We will use Azure Event Grid to implement an event-driven architecture
In our previous article, we demonstrated how an Iceberg table can act as a Kafka topic. We showed that independent Java Writers can produce parquet files in parallel, while a single Bookkeeper attaches these data files to an Iceberg table. The Bookkeeper did this by creating an Iceberg commit.

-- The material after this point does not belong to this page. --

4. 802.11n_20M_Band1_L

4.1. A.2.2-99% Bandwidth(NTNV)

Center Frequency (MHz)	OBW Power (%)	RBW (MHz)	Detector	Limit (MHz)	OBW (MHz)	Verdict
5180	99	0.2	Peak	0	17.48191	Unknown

The Bookkeeper needs to identify what the newly created data files are. It then registers these files with the Iceberg table. In our previous article we kept things simple and chose to implement a file-based messaging channel. For every data file created, the Writers create a Moniker in a well-known folder. The Bookkeeper monitors this well-known folder and periodically reads the Monikers. The Bookkeeper uses the information in these Monikers to append the new data files to the Iceberg table.

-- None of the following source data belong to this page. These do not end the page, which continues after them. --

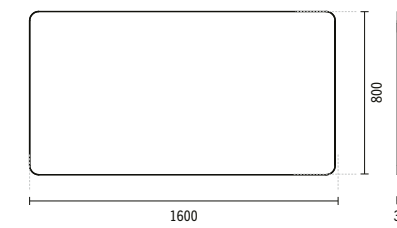

61970

100X80 SANLIFE MIRROR
1000x30x800mm / 11.0Kg

It can be applied vertically or horizontally, CLII-IP44, LED light (4000 K).
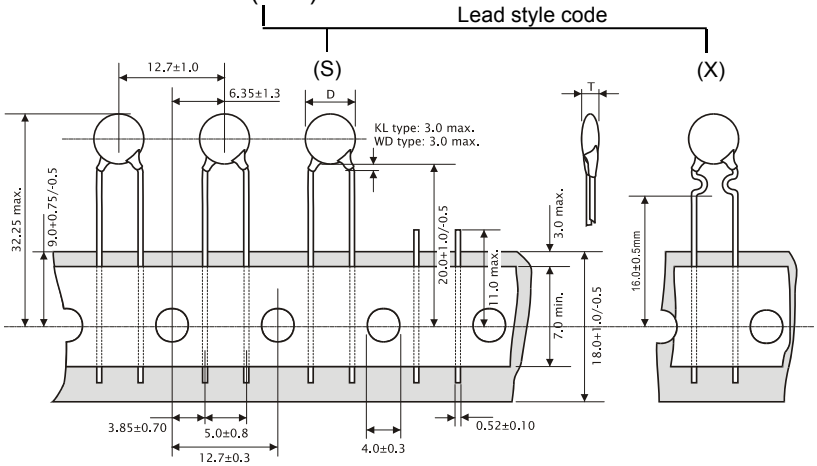

■ Lead spacing (F): 5mm

P/N : □-□□□□□□□□□□5□A (or R)
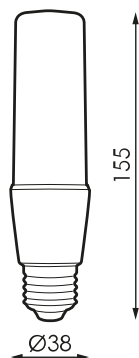

Specifications (Series luminaires)

	Electrical isolation	CI
	Voltage (V)	230V
Hz	Frecuency (Hz)	50/60Hz
	Power factor (Cos fi)	≥0,5
	Dimming	No
	Bushing type	E27
	IP Tightness index	IP20
	Body color	White
	Diffuser Material	PC-O
	Body	PC
K	Colour temperature	5000K
	CRI Colour rendering index	>80
	Opening angle	270°
	Measures	38x38x109mm
	Operating temperature	-
	Flux (lm)	1,373lm
	Lifetime	(L70B50>)40.000h
	Lifetime	(L70B50>)40.000h
	CEE Energy classification	A+

References

	W	ϕ	ϕ_{LUM}	K	\leftrightarrow
481397	12W	$\geq 0,5$	1373lm	5000K 5000K	38x38x109mm

Dimensions

Photometry
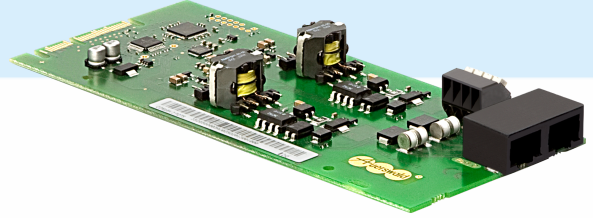

# COMpact 2FXO Module

Expansion module for COMpact systems with two analogue trunk lines including fax switch (active/passive)

- 2 analogue exchange lines (DTMF, selectable impedance)
- Number and name display (CLIP and CNIP)
- Active and passive fax switch
- Implementation of ISDN comfort functions, e.g. Calling Line Identity Restriction (CLIR), Call forwarding (CF)

## Your advantages in detail

The COMpact 2FXO Module expands the ITC systems COMpact 4000, 5000/5000R, 5200/5000R and 5500R

by two analogue exchange lines with number and name display (CLIP/CNIP). Both ports offer active and passive fax detection.

## MODULE CONNECTION OPTIONS

- 2 analogue trunk lines (CLIP/CNIP enabled, DTMF)

## TECHNICAL SPECIFICATIONS

- Trunk line: 2 analogue exchange lines, DTMF, CLIP via FSK/DTMF
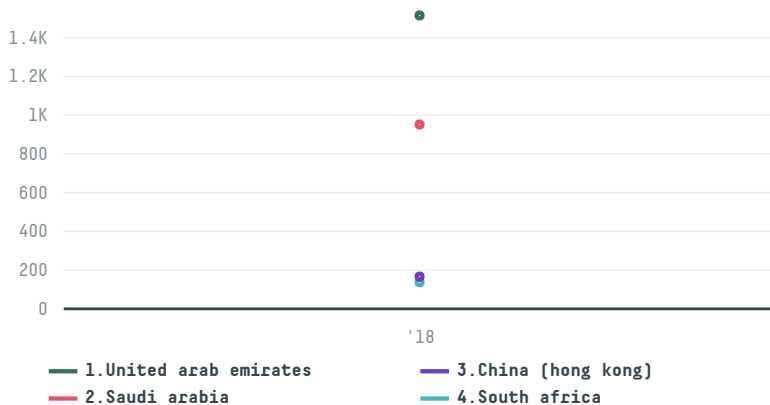

TOP DESTINATION COUNTRIES OF CHICKEN IMPORTED BY BUTCHER CHEF FOODS INC:

COMPARING COMPANIES IMPORTING CHICKEN FROM BRAZIL IN 2018
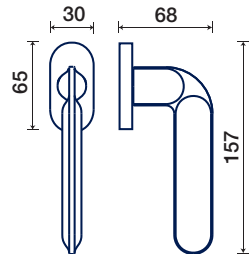

1200/32 DK

rosette - bocchette 5 mm
rosettes - escutcheon

ZAMA / ZAMAK

*PVD FINITURE GARANTITE / GUARANTEED FINISHES
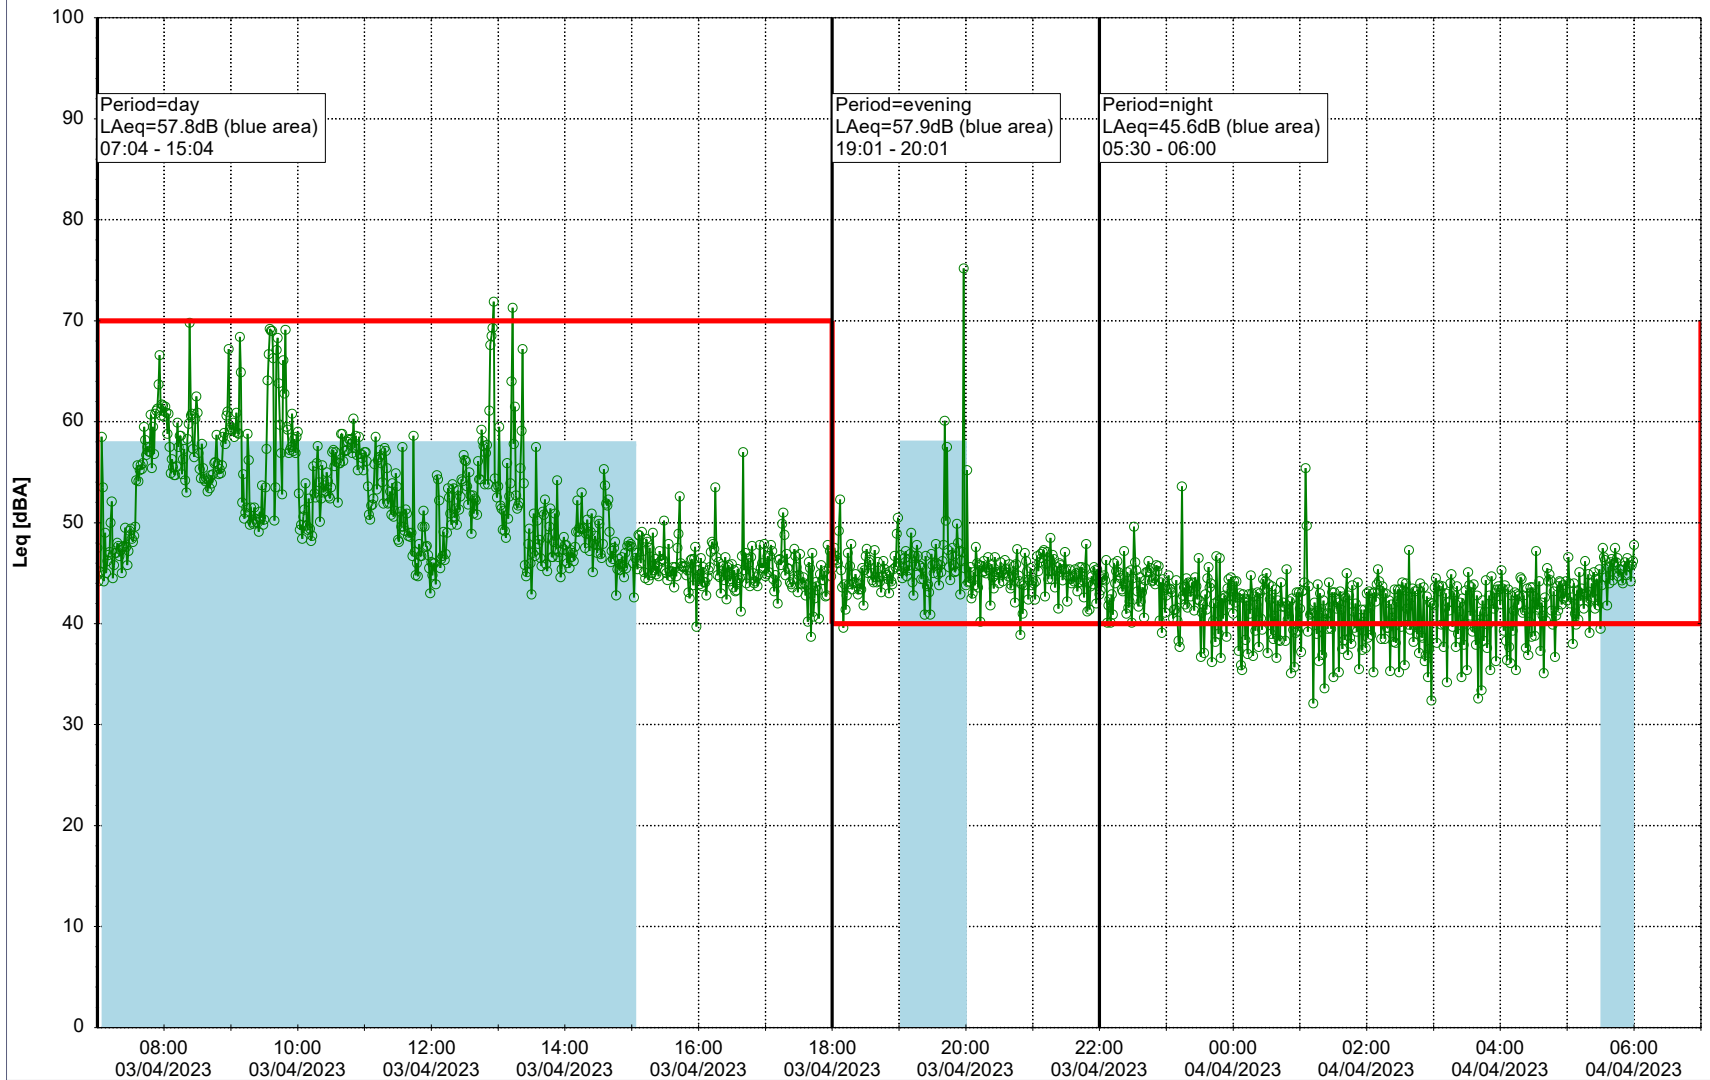

Project: Kronos Sydhavnen
Construction: Mozarts Plads
Location: N-V

Plan View

Remarks

...

Noise Time Related Diagram

03/04/2023
04/04/2023

○○○○ MOP_NS01

Project: Kronos Sydhavnen
Construction: Mozarts Plads
Location: N-V

Plan View

Remarks

...

Noise Time Related Diagram

04/04/2023
05/04/2023

○○○○ MOP_NS01

Project: Kronos Sydhavnen
Construction: Mozarts Plads
Location: N-V

Plan View

The previous solution is entirely file-based. It does not rely on any external service. However, the file-based solution requires a lot of additional create/delete file operations and necessitates costly data lake list-files operation.

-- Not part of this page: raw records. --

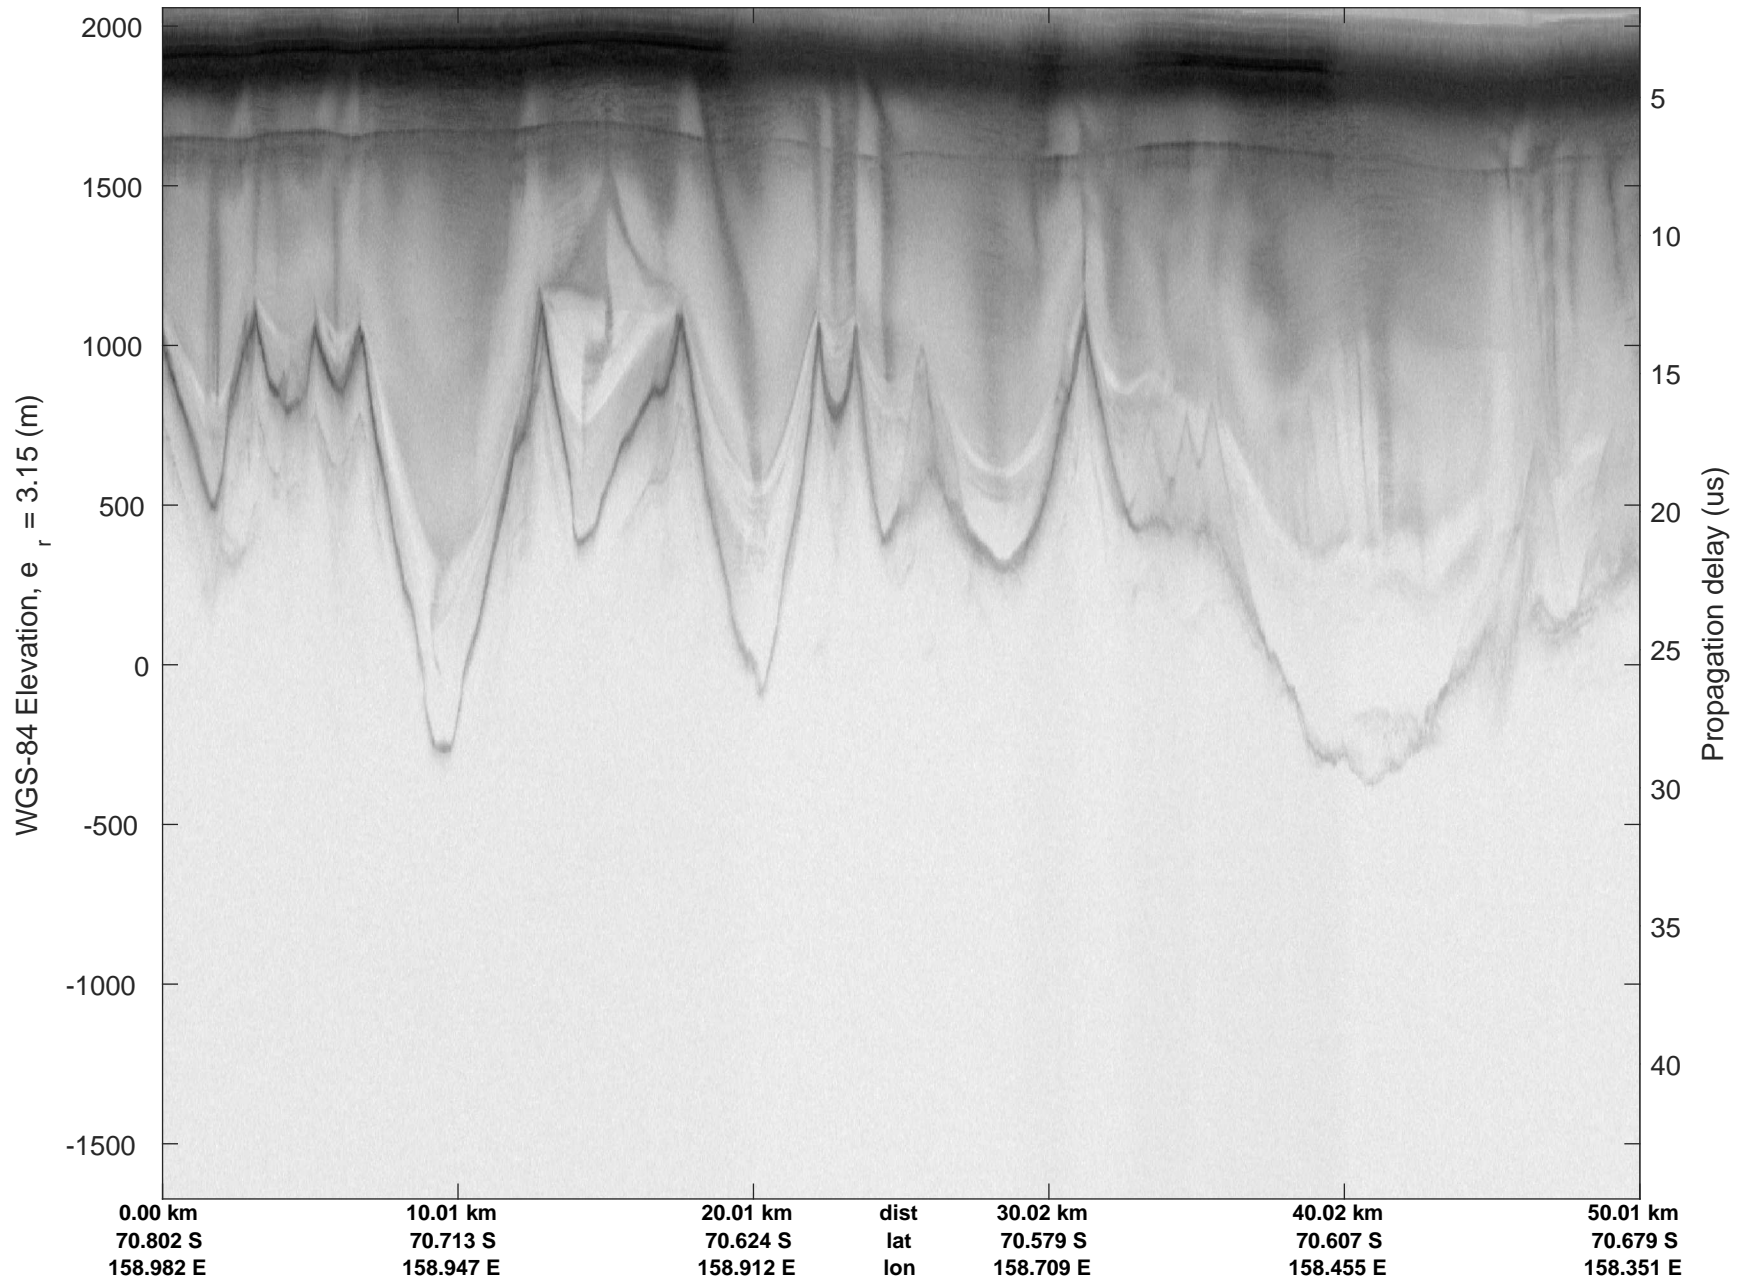

rds 2019_Antarctica_GV: "Matusевич-Cook IS-2" 20191104_01_017: 02:48:50.6 to 02:54:49.8 GPS

rds 2019_Antarctica_GV: "Matushevich-Cook IS-2" 20191104_01_017: 02:48:50.6 to 02:54:49.8 GPS

Matusevich-Cook IS-2
20191104_01_018
Polar Stereograph -71N/0E

rds 2019_Antarctica_GV: "Matusевич-Cook IS-2" 20191104_01_018: 02:54:49.9 to 03:00:46.3 GPS

rds 2019_Antarctica_GV: "Matusevich-Cook IS-2" 20191104_01_018: 02:54:49.9 to 03:00:46.3 GPS

rds 2019_Antarctica_GV: "Matusевич-Cook IS-2" 20191104_01_019: 03:00:46.4 to 03:06:52.9 GPS

rds 2019_Antarctica_GV: "Matusevich-Cook IS-2" 20191104_01_019: 03:00:46.4 to 03:06:52.9 GPS

rds 2019_Antarctica_GV: "Matusevich-Cook IS-2" 20191104_01_020: 03:06:53.0 to 03:12:53.8 GPS

rds 2019_Antarctica_GV: "Matusevich-Cook IS-2" 20191104_01_020: 03:06:53.0 to 03:12:53.8 GPS

Here’s a high level diagram of our previous file-based solution.
In this article we will attempt to improve on this solution by leveraging the Azure Event Grid service. The Event Grid is an event broker that you can use to implement an event-driven architecture. In an event-driven architecture, events are used to transmit state changes.
The state changes we are interested in transmitting are the file creation events when new files are added to the data lake by the Java Writers.
The consumer of these events is the Bookkeeper, which attaches the new data files to an Iceberg table.
Here’s a high level diagram of the queue-based solution.
The Configuration
An Azure storage account consists of four services: Containers, File shares, Queues, and Tables. The two data storage services we are interested in are the Containers and the Queues. Containers are where the blob files are stored. Queues are where we will send file creation events.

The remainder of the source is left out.